Tak Banyak yang Tahu, Mahar Sandal Pernah Ada di Jaman Rasulullah SAW
Penulis Dian Aprilia | Ditayangkan 08 Jul 2020Mahar Sandal Jepit - Image from regional.kompas.com
Banyak yang mencibir mahar sandal
Padahal Rasulullah SAW pernah memperbolehkan pernikahan dengan bermaharkan sandal pada masanya. Sebelum itu, Rasulullah SAW menanyakan hal ini kepada mempelai wanita.
Beberapa waktu lalu sempat viral pernikahan yang digelar di Desa Braim Kecamatan Praya Tengah, Lombok Tengah, Nusa Tenggara Barat.
Pernikahan Helmi dan Yudi jadi viral karena mahar yang diberikannya unik. Mempelai pria menyerahkan mahar hanya sandal jepit dan segelas air putih yang kemudian langsung diminum mempelai wanita setelah akad.
Terkait adanya mahar tersebut ada beberapa warganet yang berkomentar positif dan negatif. Pada kubu yang positif, menilai mempelai wanita memberikan kemudahan bagi sang suami karena maharnya murah dan mudah.

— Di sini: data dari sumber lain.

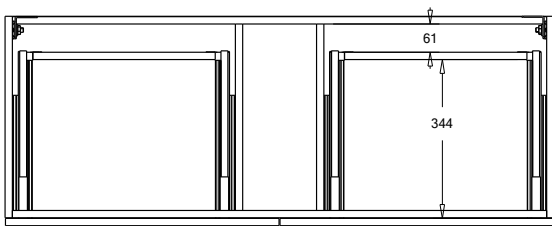

SPECIFICATION SHEET

Francisco Luxe 1200 4-Drawer Single Basin Wall Hung Vanity

Features

- 4-Drawer Wall Hung Vanity - *Colour options below*
- Full Extension Soft Close Drawers with Handles - *Handle upgrade options available*
- Designer Drawer Fronts - *Four Drawer Front options*
- Dimensions: H670 x W1200 x D465
- Slab Top Options:
20mm StoneCast Top or Quartz Slab Top

*Note: Vessel basins are purchased separately.
Visit www.newtech.co.nz for the full range of vessel basin options.*

Cabinet Options

StoneCast Slab Top Options

Quartz Slab Top Options

Note: To order a Slab Top, add the Slab Top code to the cabinet code

Technical Details

Note: All measurements shown are in millimetres. Sizes are nominal.

TOP VIEW

FRONT VIEW

SIDE VIEW

SPECIFICATION SHEET

Francisco Luxe Designer Drawer Fronts

BARNESLEY
18mm Inset Frame
Code: BL

Pada kubu yang negatif menilai, sebaiknya memberikan mahar yang lebih islami dan bermakna. Misalnya, Al Quran, seperangkat alat sholat dan lainnya.
Mahar Sandal Pernah Terjadi di Masa Rasulullah SAW
Tak banyak yang tahu bahwa mahar sandal pernah terjadi di masa Rasulullah SAW lho.
Firman Arifandi dalam bukunya berjudul 'Serial Hadist Nikah 4: Mahar Sebuah Tanda Cinta Terindah' menjelaskan sebuah hadis tentang pernikahan yang berlangsung dengan mahar sandal.
Hadits tersebut diriwayatkan Ahmad, Tirmidzi, dan Ibnu Majah, dari jalur Amir bin Robiah. Hadist tersebut mengisahkan seorang wanita dari Bani Fazarah menikah dengan mahar sepasang sandal.
Kemudian, Rasulullah SAW bertanya kepada wanita itu, "Relakah diri dan hartamu dinikahi dengan sepasang sandal?" Kemudian, wanita tersebut mengiyakannya. Oleh sebab itu, Rasulullah memperbolehkannya.
Lanjutnya, Firman menjelaskan, berangkat dari sejumlah hadis yang salah salah satunya adalah hadis di atas, para ulama berpendapat bahwa hukum menyerahkan mahar kepada istri adalah wajib.
Hadits itu memperkuat surat An-Nisa ayat 4 yang bunyinya: "Berikanlah mahar (maskawin) kepada wanita (yang kamu nikahi) sebagai pemberian yang wajib."
Meski hukum menyerahkan maskawin adalah wajib, lanjut Firman, tetapi maskawin tersebut tidak termasuk dalam rukun akad nikah.
Sebab, tujuan utama pernikahan bukan seperti jual beli, namun lebih jauh kepada hubungan seumur hidup dan hak istimta (kenikmatan hubungan intim). Allah SWT berfirman dalam surah Al-Baqarah ayat 236:
"Tidak ada kewajiban membayar atas kamu, jika kamu menceraikan istri-istri kamu sebelum kamu bercampur dengannya dan sebelum kamu menentukan maharnya."
Imam Nawawi dalam Raudhat At-thalibin juga menjelaskan, "Para sahabat (Syafiiyah) berkata: bahwa mahar bukanlah rukun dalam nikah, (pernikahan) tidak seperti komoditas jual beli dan uang dalam perdagangan."
Kisah ini memberikan pesan untuk kita agar tak mudah menilai dan menghakimi mahar yang diberikan orang lain pada pasangannya.
Sebab setiap orang punya nilai, prinsip hidup dan juga kondisi ekonominya masing-masing. Alangkah baiknya bagi kita untuk mendoakan kebaikan atas pernikahan orang lain dibandingi menghakimi dan melihat hanya sebelah mata.